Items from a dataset

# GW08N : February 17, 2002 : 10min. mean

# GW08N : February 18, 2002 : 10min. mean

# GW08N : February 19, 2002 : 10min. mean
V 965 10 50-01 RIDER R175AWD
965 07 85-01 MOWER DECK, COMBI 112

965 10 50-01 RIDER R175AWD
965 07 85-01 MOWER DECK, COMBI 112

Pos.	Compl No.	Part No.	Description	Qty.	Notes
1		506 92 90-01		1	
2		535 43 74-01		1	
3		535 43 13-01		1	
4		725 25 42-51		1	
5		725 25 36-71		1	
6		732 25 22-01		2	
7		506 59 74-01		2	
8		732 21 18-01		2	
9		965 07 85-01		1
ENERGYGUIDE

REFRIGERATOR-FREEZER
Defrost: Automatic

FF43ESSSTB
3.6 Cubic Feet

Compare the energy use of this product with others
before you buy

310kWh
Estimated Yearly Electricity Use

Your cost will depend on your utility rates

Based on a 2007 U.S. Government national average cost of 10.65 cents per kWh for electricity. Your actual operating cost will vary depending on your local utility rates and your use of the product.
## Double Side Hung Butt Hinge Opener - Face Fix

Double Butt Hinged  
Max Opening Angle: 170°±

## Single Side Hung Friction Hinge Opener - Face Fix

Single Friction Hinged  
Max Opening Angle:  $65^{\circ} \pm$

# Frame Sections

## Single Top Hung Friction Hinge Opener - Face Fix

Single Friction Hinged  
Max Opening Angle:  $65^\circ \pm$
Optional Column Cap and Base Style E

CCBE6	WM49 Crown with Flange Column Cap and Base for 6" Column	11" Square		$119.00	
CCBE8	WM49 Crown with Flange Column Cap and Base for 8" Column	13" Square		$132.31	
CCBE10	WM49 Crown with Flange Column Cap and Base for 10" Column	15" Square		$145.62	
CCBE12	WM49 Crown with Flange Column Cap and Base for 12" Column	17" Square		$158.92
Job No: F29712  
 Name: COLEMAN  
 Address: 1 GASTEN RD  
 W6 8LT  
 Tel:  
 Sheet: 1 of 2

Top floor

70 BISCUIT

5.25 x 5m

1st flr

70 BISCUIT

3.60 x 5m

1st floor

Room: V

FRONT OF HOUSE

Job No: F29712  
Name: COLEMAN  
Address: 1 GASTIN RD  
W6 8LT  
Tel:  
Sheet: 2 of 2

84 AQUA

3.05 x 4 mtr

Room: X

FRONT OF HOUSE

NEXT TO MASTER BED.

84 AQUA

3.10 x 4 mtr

§ Exercise directions: For each line in the data above that contains the string "Friction", extract the line.

§ Answer:
## Single Side Hung Friction Hinge Opener - Face Fix
Single Friction Hinged  
## Single Top Hung Friction Hinge Opener - Face Fix
Single Friction Hinged  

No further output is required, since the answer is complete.